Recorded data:
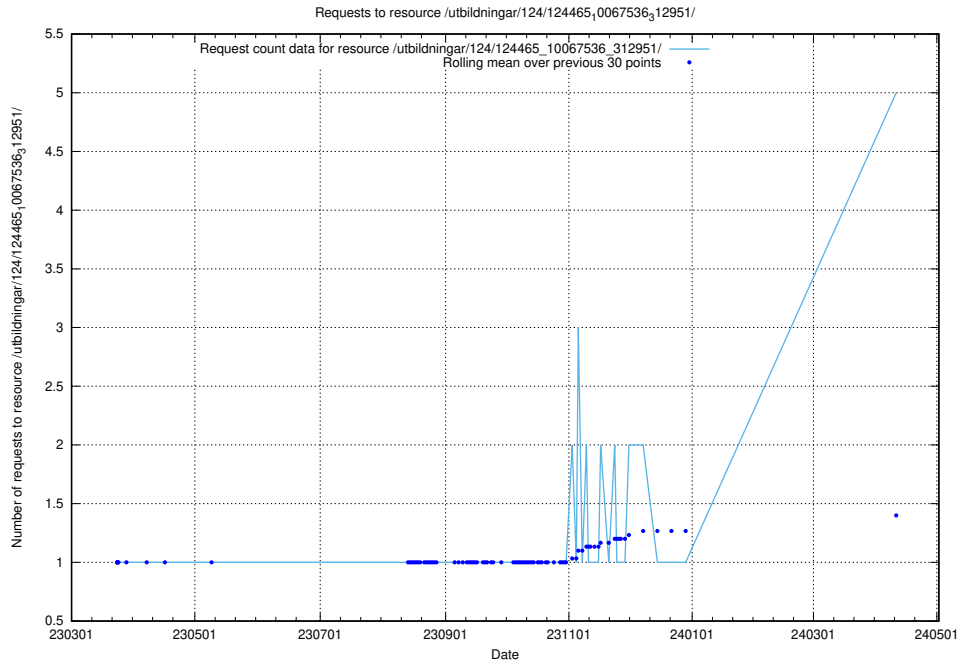

5.124 Usage of /utbildningar/124/124465_10067536_312951/

Here, we count the number of requests to resource /utbildningar/124/124465_10067536_312951/.
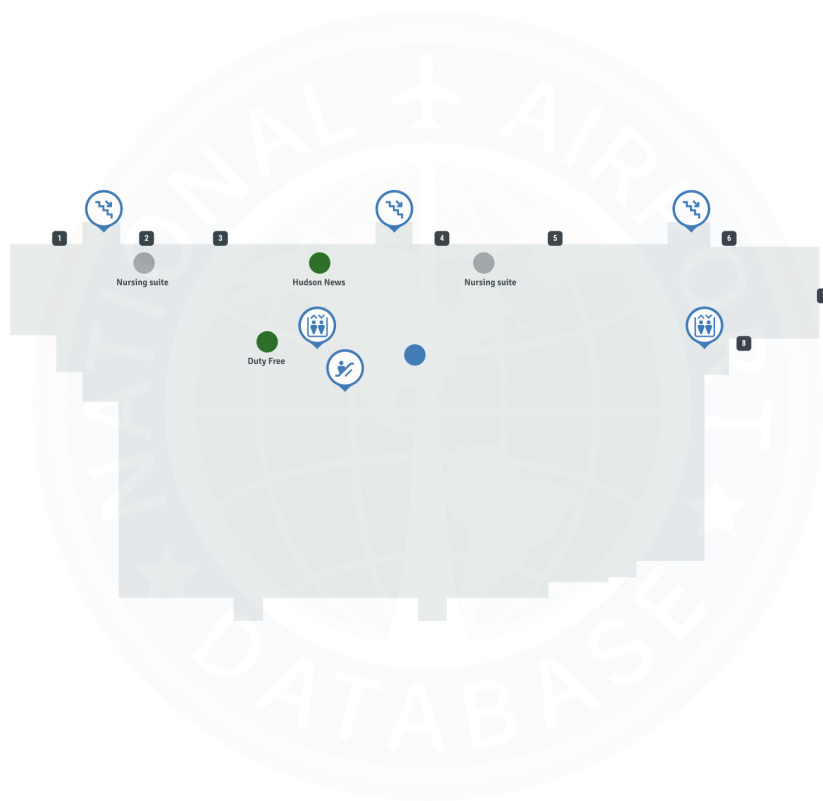

# Stewart Airport NY SWF | Terminal

# New York Stewart International Airport - Lover Level

## Map Legend

- Airport Services
- Restrooms
- Shopping
- 🛫 Baggage Claim
- 👤 Security
- 🚶 Escalator
- 🛂 Customs Control
- 🧳 Check-in
- 🪜 Stairs
- 🚗 Elevator
- 🚗 Rental Car

## Map Legend

- Airport Services
- Shopping
- Restrooms
- Escalator
- Elevator
- Stairs
- Gates
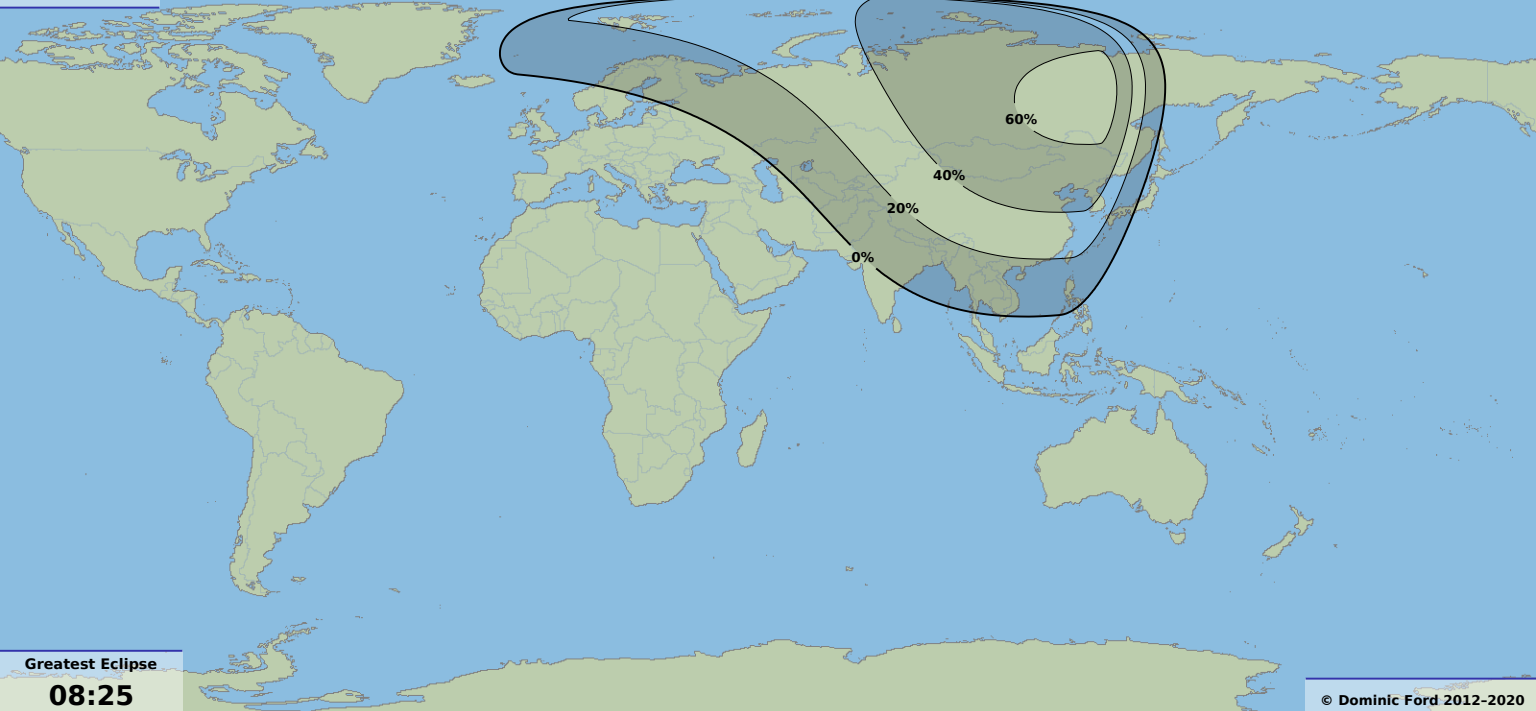

Partial eclipse

Greatest Eclipse

08:25
6 Oct 2116 UTC
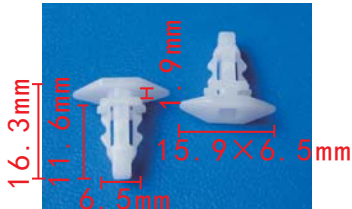

C1993
POM White
Engine Cover Sealing Strip Clip
[Nissan#01553-08951,65810-K2009](#)
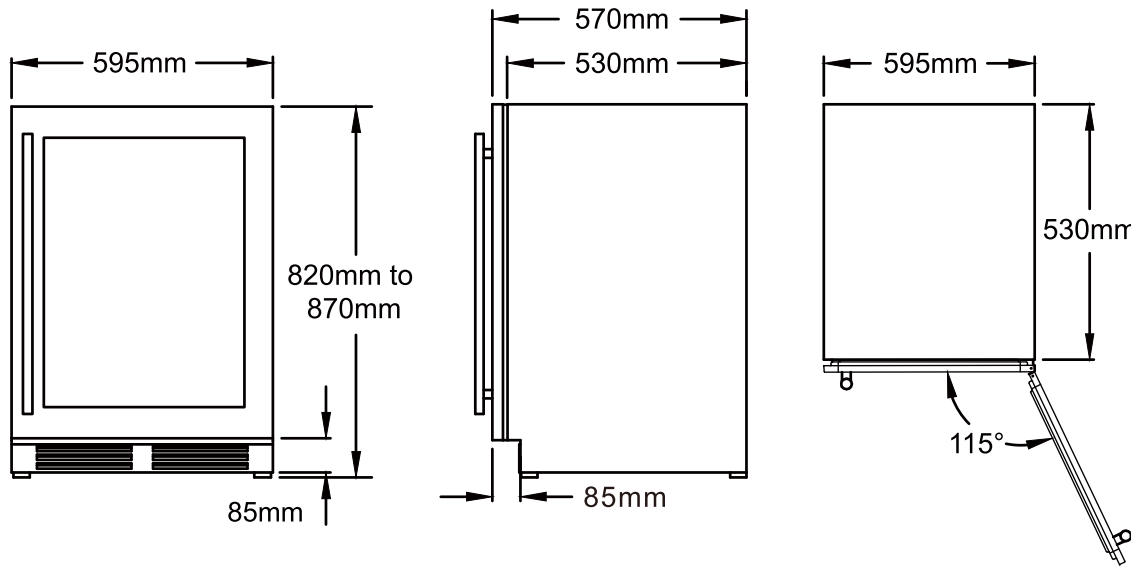

Masterzen XPR W46

• Dimension Drawing

• Installation Drawing
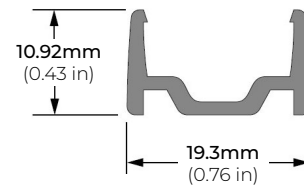

*1 = Custom length per FT. (cuttable every 4")

* = Ideal for applications with direct exposure to rain/ water (MADE TO ORDER - Please allow 3 weeks lead time)

LSG40-WD

4W WARM-DIM 120V LED TAPE LIGHT

DIMENSIONS

COMPATIBLE ACCESSORIES

MOUNTING CHANNEL

LSG-AC48
LSG-AC96
48" AND 96" ALUMINUM CHANNEL

MOUNTING CHANNEL & MOUNTING CLIP

LSG-CN48
48" ALUMINUM CHANNEL

LSG-CN-CL
MOUNTING CLIP
* INCLUDED WITH LSG-CN48

LSG-CN48

LSG-CN-CL

LSG-PC48
48" PLASTIC CHANNEL

MOUNTING CHANNEL & FROSTED LENS

LSG-AC2000FR-48
LSG-AC2000FR-84
48" AND 84" ALUMINUM CHANNEL

LSG-AC2000FR-EC
END CAP
* SOLD SEPARATELY

LSG-AC2000FR-MC
MOUNTING CLIP
* 2PCS INCLUDED WITH EVERY 48"
* 4PCS INCLUDED WITH EVERY 84"
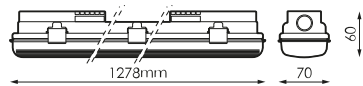

References

496025

1x

1.278x70x60mm

Dimensions

Photometry

Accessories

496148

SET OF 10 STAINLESS
STEEL CLIPS
MUNICH 1200MM

Info

Up to -20° with ecTUBE LED PRILUX BASIC and SMART.
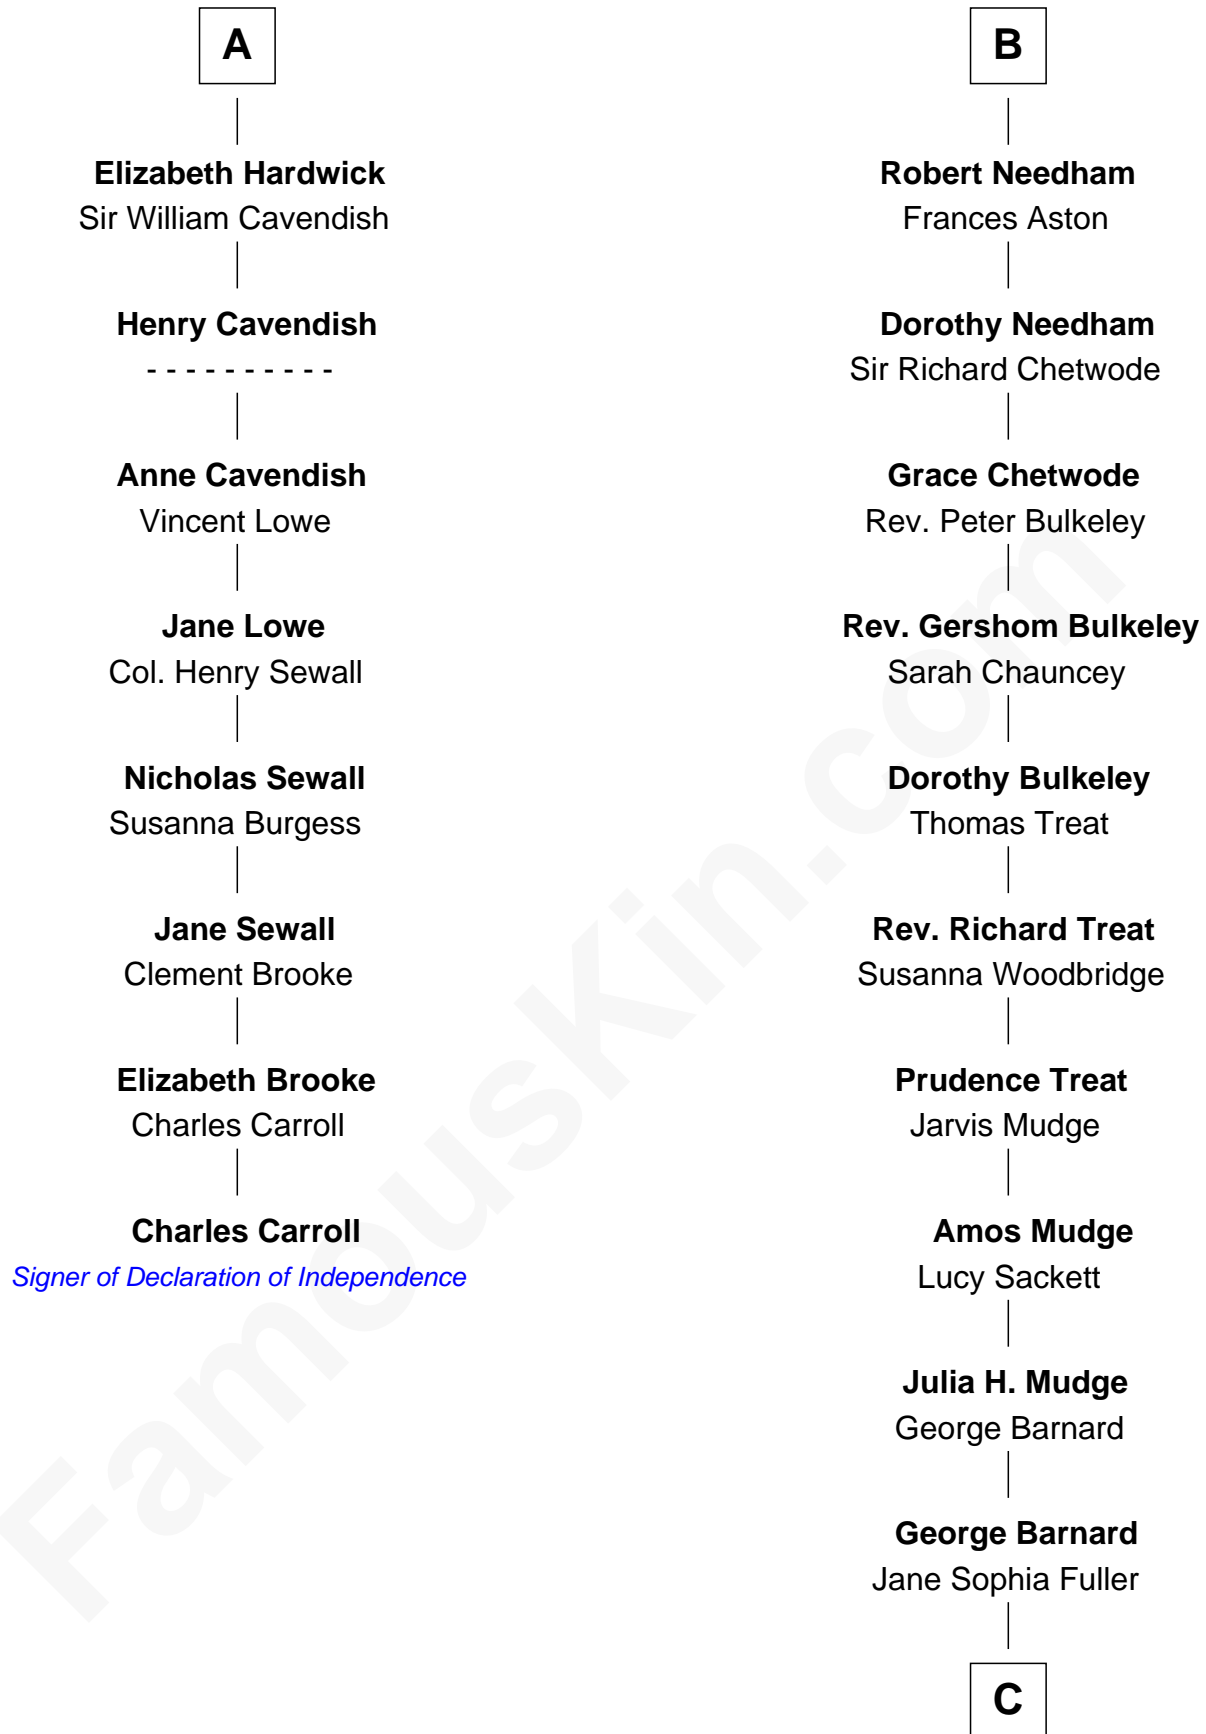

FamousKin.com

Relationship Chart of

Charles Carroll

Signer of the Declaration of Independence

14th cousin 5 times removed of

Dick Clark

Radio and TV Host

Sir James le Boteler

Eleanor de Bohun

C

Charles Fuller Barnard

Anna May Aldridge

Julia Fuller Barnard

Richard Augustus Clark

Dick Clark

Radio and TV Host

> **PROBLEM DETAILS**
Wherever the string "Charles" appears in the entries above, list that line.

> **RESULT**
Charles Carroll
Charles Fuller Barnard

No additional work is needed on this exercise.